I see too many protocols that skip straight to exotic supplements while ignoring the fact that the patient sleeps five hours, eats processed food, and is chronically stressed. The supplements will not work optimally in that context.
Individualization
Every protocol on this site is a general framework. Individual variation plays a significant role in how any person responds to any intervention. Factors that influence response include:
- Genetics — methylation status (MTHFR variants), detoxification capacity (CYP enzyme polymorphisms), nutrient metabolism
- Current health status — existing conditions, medications, nutrient levels
- Gut health — absorption capacity, microbiome composition, intestinal permeability
- Age and sex — hormonal status, metabolic rate, body composition
- Stress load — HPA axis function, cortisol levels, autonomic balance
This is why I recommend testing before supplementing when possible. A protocol designed around your specific lab results will produce better outcomes than a generic protocol applied without context.
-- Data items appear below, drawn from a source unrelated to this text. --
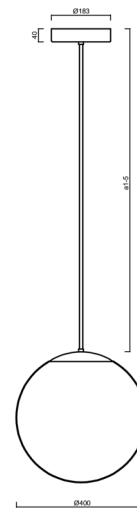

## ADRIA P3 HP

LED-5L08E850Z11/096/a5 MS 3K#

[WWW.OSMONT.CZ](http://WWW.OSMONT.CZ)

# ADRIA P3 HP

Product code: ADR62024

Type: LED-5L08E850Z11/096/a5 MS 3K#

Short description of the luminaire: Brass polished | pendant high-power LED light ON/OFF | TRIPLEX OPAL hand blown glass shade | rod pendant 100 cm |

## Technical

Types of luminaires	Classic on/off
Mounting type	Suspended - rod
Base material	brass
Shade material	three-layer glass TRIPLEX OPAL
Base color	polished brass
Shade color	white
Holding the shade	steel holder
Mounting location	ceiling
Width	400 mm
Length	400 mm
Height	400 mm
Diameter	Ø 400 mm
Hinge length	1000 mm
mounting holes (diameter)	3xØ5mm
Cable entrance	2xØ16mm
Energy Class	D
Impact strength	IK01
Operating temperature	from -20°C to +30°C

## Lampshade

Product code	Name	Color	Description	Picture	Drawing
20040	096	white	příslušenství		
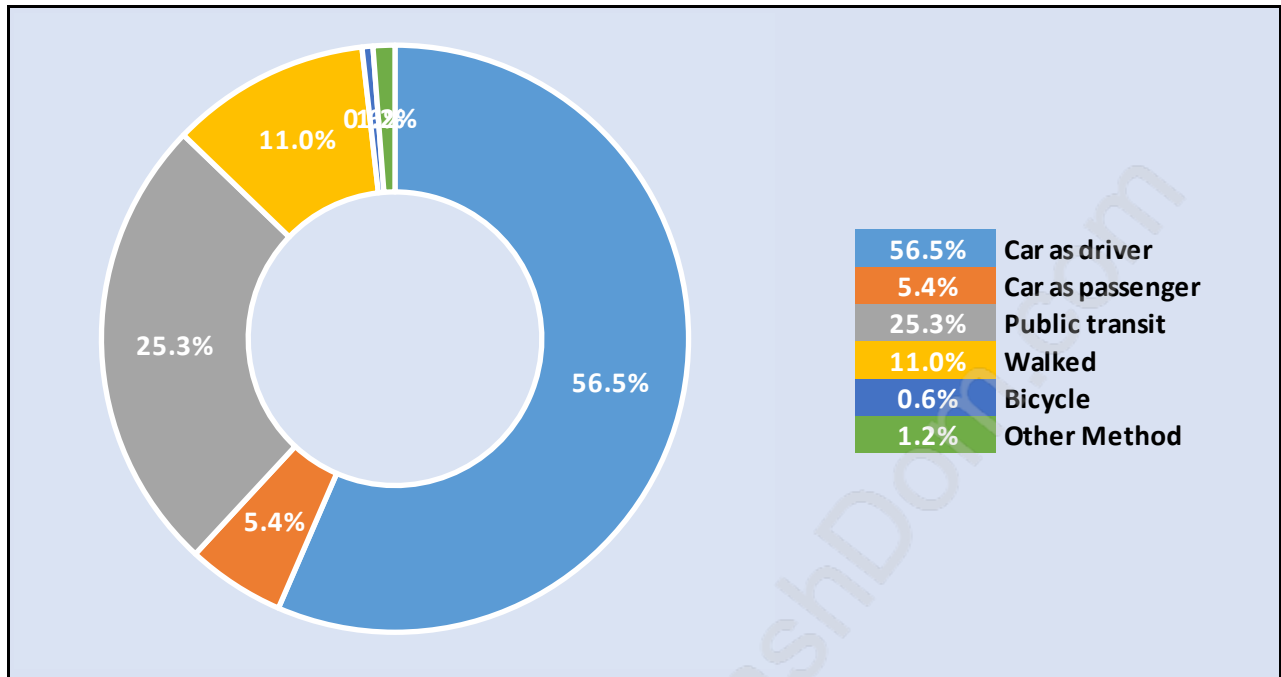

Travel To Work in (from) Brighthouse
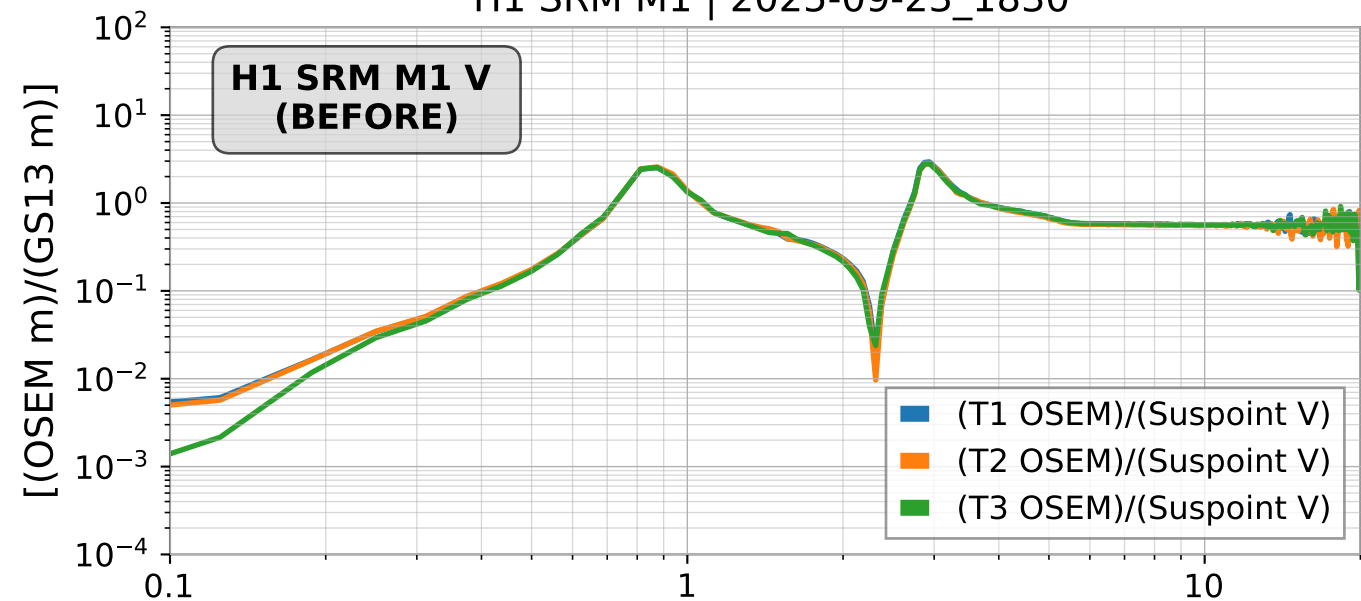

ISI to OSEM transfer functions [Before calibration]  
H1 SRM M1 | 2025-09-23\_1830

ISI to OSEM transfer functions [Before calibration]  
H1 SRM M1 | 2025-09-23\_1830

ISI to OSEM transfer functions [Before calibration]  
H1 SRM M1 | 2025-09-23\_1830

ISI to OSEM transfer functions [Before calibration]  
H1 SRM M2 | 2025-09-23\_1830

ISI to OSEM transfer functions [Before calibration]  
H1 SRM M3 | 2025-09-23\_1830
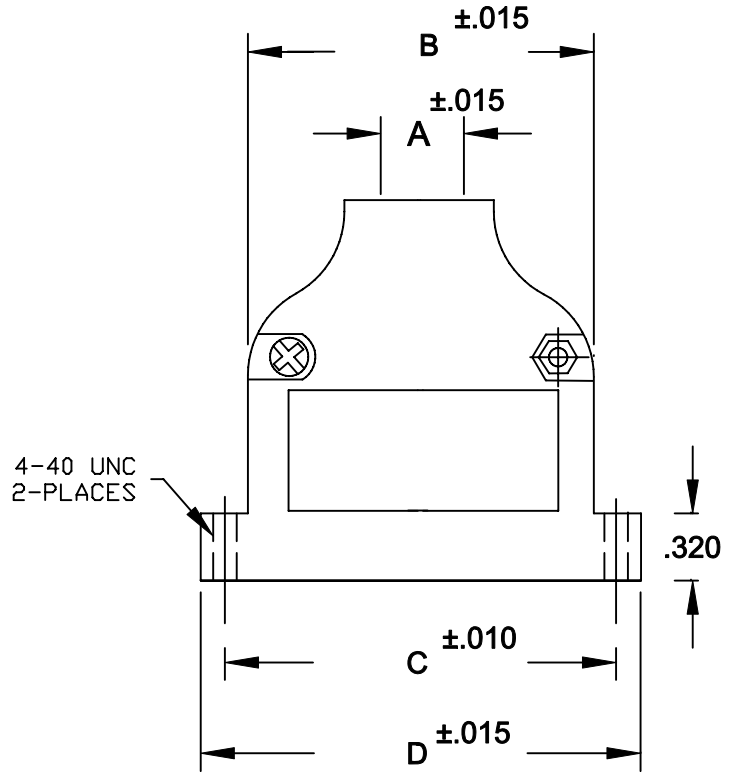

DESCRIPTION: **994 SERIES ETHERNET STRAIGHT BACKSHELL**

BACKSHELL KIT INCLUDES:
 (2) BACKSHELL HALVES
 (2) HOUSING SCREWS
 (2) HOUSING NUTS

994-YYY-YYYRY1
 SERIES _____
 POSITIONS _____
 009
 015
 025
 MATERIAL _____
 030 = ZINC
 COLOR: _____
 12 = NICKEL OVER COPPER
 PUT-UPS _____
 1 = KIT

SIZE	A	B	C	D	E	F
9 POS	.433	.790	.984	1.244	1.82	.614
15 POS	.433	1.135	1.312	1.575	1.82	.665
25 POS	.433	1.640	1.852	2.106	1.82	.630

MATERIAL: DIE-CAST ZINC ALLOY
NICKEL PLATED
RoHS COMPLIANT

	THESE DRAWINGS AND SPECIFICATIONS ARE THE PROPERTY OF NorComp AND SHALL NOT BE REPRODUCED, COPIED OR USED AS THE BASIS FOR THE MANUFACTURE OR SALE OF APPARATUS WITHOUT WRITTEN PERMISSION.		DRAWN: PAM JENKINS	DATE: 9-15-05
	NorComp			CHECKED:
SCALE		SHEET OF	REV 2	
DWG NO.		994-0YY-030R121		
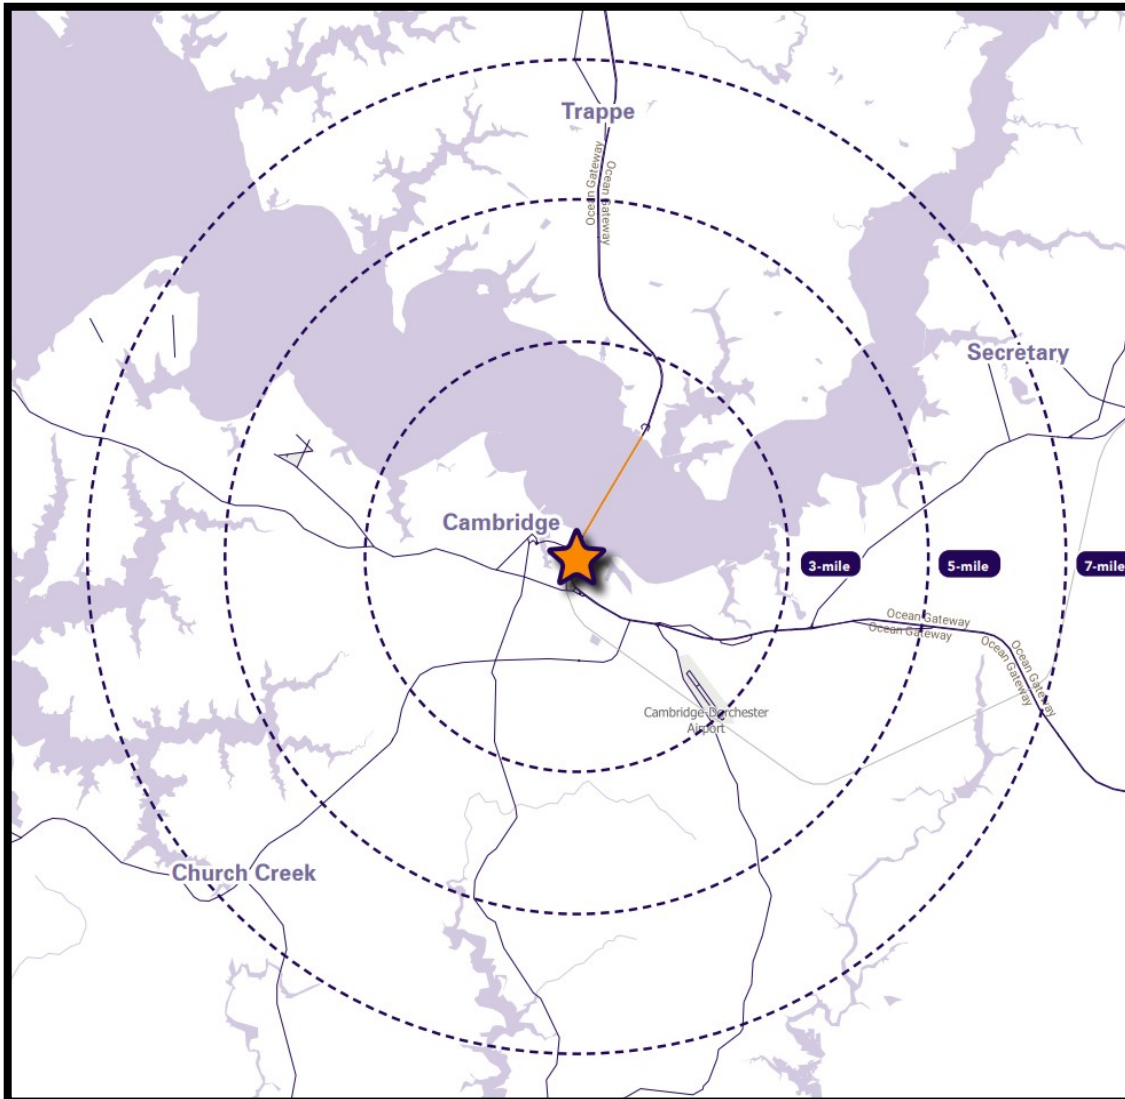

Gold And Company

Commercial Real Estate in the Baltimore Metropolitan Area

798 Sunburst Highway, Cambridge, MD 21613

Drive-Time Aerial

Jim Chivers / Will McCullough
Gold And Company, LLC
5601 Newbury St.
Baltimore, MD 21209

410.578.1300 (Office)

www.goldcommercial.net
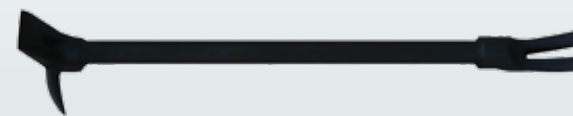

ZT41 ENTRY TOOL

Heat-treated stainless steel heads, ribbed urethane grip, gas valve shut off, 3/4" driver for hydrant socket, hammerhead.

ZT41 AVAILABLE SIZES:

- ZT41-24 24" - 8 lbs.
- ZT41-30 30" - 8.5 lbs.
- ZT41-36 36" - 10 lbs.

ZT85 ALLOY ENTRY TOOL

Heat-treated 4130 alloy steel forged heads, one piece construction, knurled grip, powder coat finish.

ZT85 AVAILABLE SIZES:

- ZT85-30 30" - 9 lbs.
- ZT85-36 36" - 11 lbs.
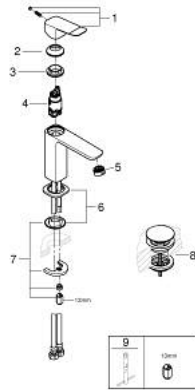

10 183 324 30 **DICE BASIN MIXER 1/2"**  
**M-SIZE**

**PRODUCT DESCRIPTION**

- Colour: matte black
- single hole installation
- metal lever
- GROHE SilkMove 28 mm ceramic cartridge
- adjustable flow rate limiter
- with temperature limiter
- GROHE EcoJoy - less water, perfect flow
- maximum flow rate (at 3 bar): 5 l/min
- GROHE FastFixation installation system
- GROHE QuickTool included
- smooth body with plastic push open waste set 1 1/4"
- flexible connection hoses

10 183 324 30 **DICE BASIN MIXER 1/2"**  
**M-SIZE**

**SPARE PARTS**

- 1: lever (Spare part-nr. 1060142430)
  - 2: Cap (Spare part-nr. 465812430)
  - 3: retaining ring (Spare part-nr. 07419000)
  - 4: Cartridge (Spare part-nr. 46580000)
  - 5: Mousseur (Spare part-nr. 481592430)
  - 6: Cubeo Rosette (Spare part-nr. 1060152430)
  - 7: Shank mounting kit (Spare part-nr. 46645000)
  - 8: Waste set with push-open plug (Spare part-nr. 658072430)
  - 9: Mounting wrench (Spare part-nr. 19017000)\*
- \* Optional accessories
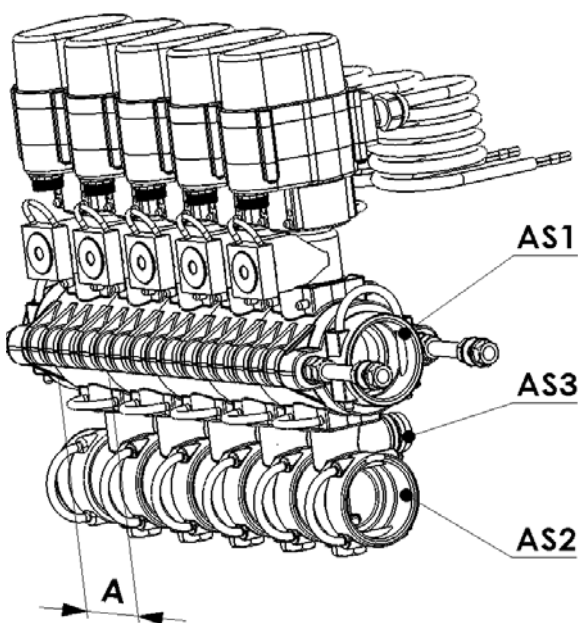

## Modular-Fit Valve, 2-way with pressure relief

- modular pressure relief and/or circulating system
- three different electrical connections
- direct electrical control (plus/minus) or with control signal (7mA) by relay
- high flow rates with low pressure loss
- valve assemblies available to individual configuration
- for section hoses up to  $\varnothing 19$  mm
- modular building assembly

Maximum pressure: 12 bar  
 Voltage: 12 Volt  
 drive options: direct plus/minus or control signal 7mA by relay  
 Switch time: 0,5 s - control gear  
 Material: stainless steel: 1.4305, POM GF 25, FPM and NBR seal

Modular-Fit valve assemblies are possible from 1 to 15 sections valves. All valve assemblies can be made to your specific requirements.

Each valve assembly contains:

- 1x Dummy plug AS40/G $\frac{1}{4}$  female cpl
- 1x Blind cap at the pressure relief canal
- 1x Safety pin AS40

AS1	AS2
40	40
AS3	A mm
24	51
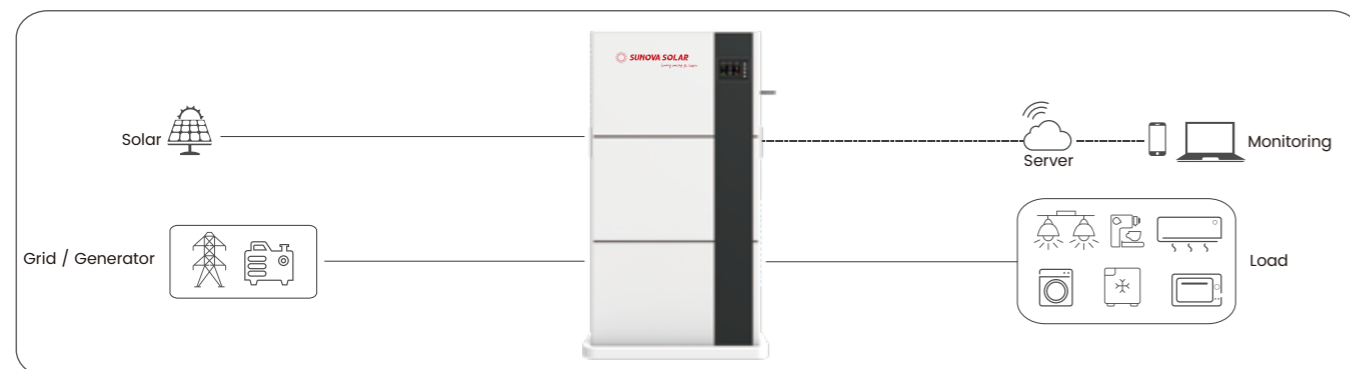

Sunova-eFox-WP Series

Off-grid Energy Storage System

Advanced Design

- All in one design, compact and elegant appearance, 15cm thickness.
- Both PV and grid charge, fast and convenient.
- Peak-shaving mode, reduce the electricity bill.

Sunova-eFox-WP Series is an off-grid energy storage system, which can connect solar panel, grid (or generator) and load. It has built-in LFP battery, off-grid inverter and battery management system (BMS). It has multiple work modes to meet lots of application scenarios, and reduce the electricity bill, store the energy for emergency back-up.

Sunova-eFox-WP Series Off-grid Energy Storage System

Model	Sunova-eFox-WP-35E	Sunova-eFox-WP-50E
Battery		
Rated voltage	51.2V	51.2V
Voltage range	44.8 ~ 57.6V	44.8 ~ 57.6V
Capacity	10.24kWh	10.24kWh
Max. discharge rate	0.7C	0.7C
Max. charge rate	0.5C	0.5C
Battery type	Li-ion (LFP)	Li-ion (LFP)
AC Output(Backup)		
Rated power	3500W	5000W
Surge power	7000W,5s	10000W,5s
Rated output voltage	220/230/240V	220/230/240V
Max. output current	16A	22A
Rated frequency	50/60Hz	50/60Hz
THDv	<3%	<3%
Output wave	Pure Sine Wave	Pure Sine Wave
Output type	Pluggable connector	Pluggable connector
AC Input		
AC input voltage range	170~280V	170~280V
AC input frequency	50/60Hz	50/60Hz
AC charge current (Battery)	30A(0~60A Adjustable)	30A(0~80A Adjustable)
PV Input		
Max. PV power (Recommended)	4500W	6000W
Max. PV voltage	450V	450V
MPPT voltage range	120~430V	120~430V
Max PV charge current (Battery)	80A	100A
General Data		
Operating temperature	0 ~ 50°C	0 ~ 50°C
Storage temperature	-15°C ~ 60°C	-15°C ~ 60°C
Humidity	5% ~ 95%	5% ~ 95%
Cooling strategy	Fan	Fan
Weight	120kg	120kg
Dimension [W x H x D]	660*1150*200 mm	660*1150*200 mm
Enclosure protection rating	IP44	IP44
Communication	WiFi/RS485	WiFi/RS485
Certificate	CE,UN38.3,TUV mark

What These Protocols Are Not
They are not prescriptions. I am sharing frameworks based on evidence and clinical experience. They are not a substitute for working with a physician who knows your case.
They are not medical advice for specific conditions. If you have a diagnosed medical condition, your treatment should be managed by a physician. These protocols may complement that treatment, but they should not replace it.
They are not sales pitches. I do not sell supplements. The brands I mention (when I mention specific brands) are based on quality and evidence, not financial relationships.
They are not guaranteed to work. Individual variation means that what works for 80% of patients may not work for you. If a protocol does not produce improvement within the expected timeframe, that is valuable information — it means the protocol needs adjustment or the underlying issue is different from what was assumed.
The Available Protocols
Daily and Lifestyle
- Morning Protocol — cold exposure, light, and foundational supplements
- Sleep Optimization — environment, timing, and targeted support
- Brain Performance — cognitive optimization through lifestyle and supplementation
Gut and Metabolic
- 30-Day Gut Reset — a phased approach to gut restoration
- Gentle Detoxification — liver, lymph, and binder support
Immune and Inflammatory
- Immune Support — seasonal, pre-travel, and illness prevention
- Anti-Inflammation — diet, supplement, and lifestyle framework
- Lyme Support — between-treatment support for Lyme patients
- Post-COVID Recovery — addressing inflammation, clotting, and energy
Travel and Preparation
- Travel Health — immune support, jet lag management, gut protection
- Pre-Treatment Preparation — how to prepare before coming to St. George
A Final Note
The best protocol is the one you actually follow. I have seen elaborate supplement regimens abandoned after two weeks because they were impractical. I have also seen simple protocols — good sleep, consistent exercise, three well-chosen supplements — produce remarkable results because the patient maintained them for months.
Start with what is sustainable. Build from there. Measure your progress. Adjust based on results, not assumptions.
Disclaimer: These protocols are provided for educational purposes and reflect one physician’s clinical approach. They are not a substitute for individualized medical care. Consult a qualified physician before beginning any new supplement protocol, particularly if you have existing medical conditions or are taking medications.